• WHAT IS REQUIRED: Return each record word for word, keeping none of its pictures.

• RECORDS PROVIDED:
►
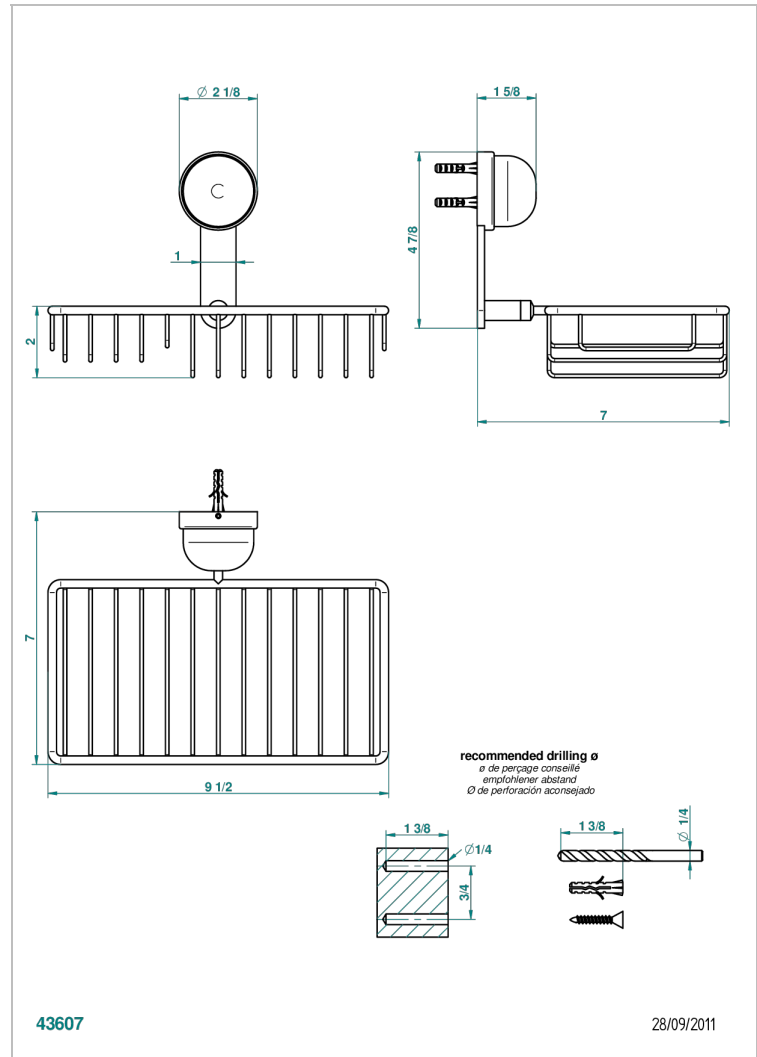

# SUN DRAGON

U5D-2620

Soap and sponge holder, wall mounted

THG<sup>®</sup>  
PARIS

## CHARACTERISTIC

- Sun Dragon
- Soap and sponge holder, wall mounted
◄
• RESPONSE:
# SUN DRAGON

U5D-2620

Soap and sponge holder, wall mounted

THG<sup>®</sup>  
PARIS

## CHARACTERISTIC

- Sun Dragon
- Soap and sponge holder, wall mounted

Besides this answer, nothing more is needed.